Traceurs v1 is not trying to be a generic orchestration layer, a prompt manager, or a full governance suite.

Traceurs v1 is the incident operating system for production AI agents.

## Local End-to-End Flow

1. Start the backend with `make dev`.
2. Start the frontend with `npm run dev` from `frontend/replay-ui`.
3. Ingest a run using `POST /v1/runs`.
4. Open the replay UI and inspect/export the incident.

All tests are in `tests/test_v1_launch_gate.py`. Run before committing.

## Deployment

### Local Development
```bash
make dev
```

### Docker

```bash
# Build
make docker-build

# Run
make docker-run
```

### AWS Deployment (Coming Soon)
- ECS Fargate with RDS PostgreSQL
- See `deployment/aws/` for Terraform config

### Self-Hosted

Requirements: Python 3.10+, SQLite

```bash
# Install
pip install -r requirements.txt

# Run
make start

# Optional: use PostgreSQL instead of SQLite
# Update database.py to use psycopg2
```

## Roadmap

### v1.0 (Current)
- ✅ Incident ingestion API
- ✅ Timeline assembly & replay
- ✅ Root cause analysis (Claude-powered)
- ✅ JSON/PDF export
- ✅ Health check & stats
- 🔄 React replay UI (in progress)
- 🔄 Slack alerting (in progress)
- 🔄 PagerDuty integration (in progress)

### v1.1
- Multi-tenant support
- Better PDF exports (ReportLab)
- Replay playback (timeline scrubbing)
- Advanced filtering (by agent, model, status, cost)
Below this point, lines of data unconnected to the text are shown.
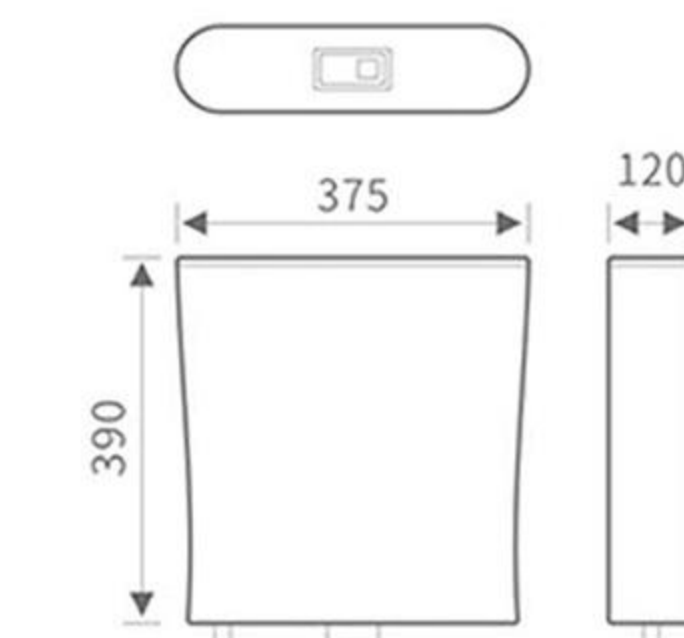

Straightly right angle  
no place to hide dirt

Simply artistic  
exceeds the international standards

Pan edges are paralleled

**MP-802**  
Size:370x110x382mm

**MP-803**  
Size:380x110x430mm

**MP-804**  
Size:380x110x430mm

**MP-805**  
Size:380x125x410mm

**MP-806**  
Size:395x130x380mm

**MP-807**  
Size:390x125x410mm

**MP-808W**  
Size:380x120x410mm

**MP-808H**  
Size:380x120x410mm

**MP-808**  
Size:380x120x410mm

 Easily cover open  
 Open the cover with just a click

**MP-809**  
Size:360x100x360mm

**MP-810**  
Size:340x110x370mm

**MP-811**  
Size:365x115x390mm

**MP-817**  
Size:395x110x400mm

**MP-820**  
Size:395x85x400mm

**MP-822**  
Size:365x110x420mm

**MP-823G**  
Size:375x120x390mm

**MP-824**  
Size:340x125x375mm

**MP-826W**  
Size:340x115x370mm

**MP-813**  
Size:365x110x400mm

**MP-814**  
Size:385x120x390mm

**MP-815**  
Size:370x110x380mm
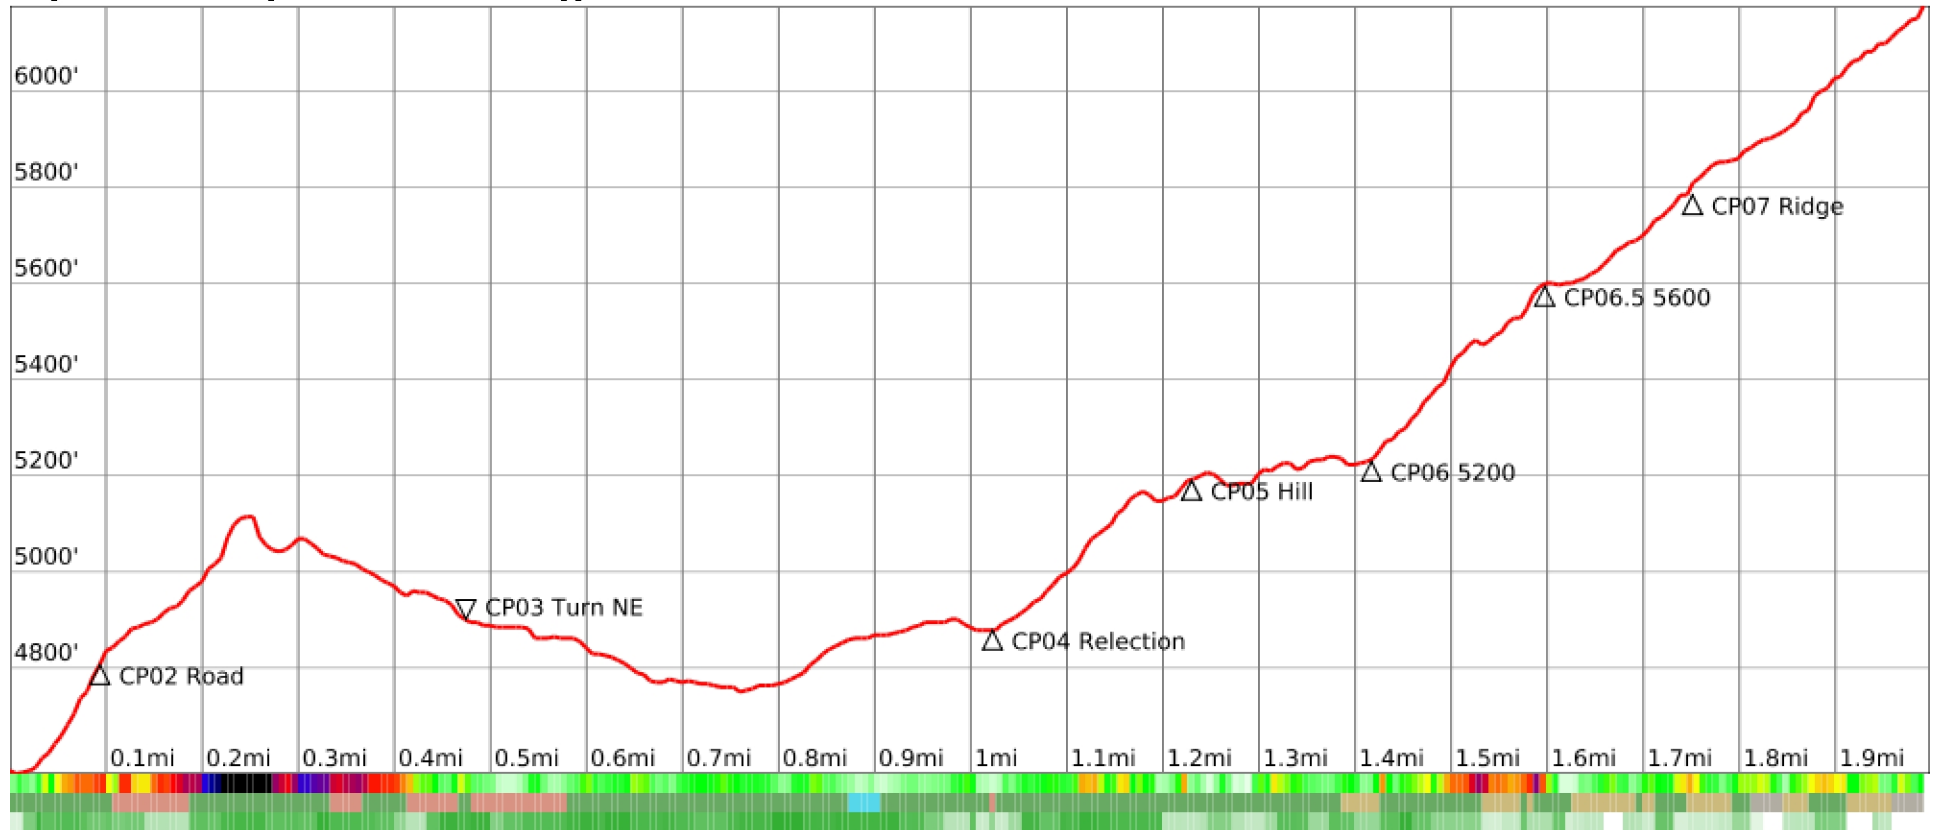

CP01 TH to CP08 Saddle 1

range 4580' to 6178' gain 2126' loss 535' exaggeration 2x

Slope Angle (top), Land Cover (middle), Tree Cover (bottom)

### v2.0 (Phase 2 - Month 6+)
- Governance & compliance
- Cost optimization recommendations
- Agent performance benchmarking
- Marketplace integrations

## Support

**Documentation:** See `/docs` folder

**Issues:** GitHub Issues

**Discord:** Join community (link coming)

## License

MIT License - See LICENSE file

Copyright (c) 2026 Botmartz IT Solutions

## Contributing

We welcome contributions! See CONTRIBUTING.md

---

**Traceurs** — The incident operating system for production AI agents.

Built for platform teams running customer-facing AI agents who need to investigate failures fast.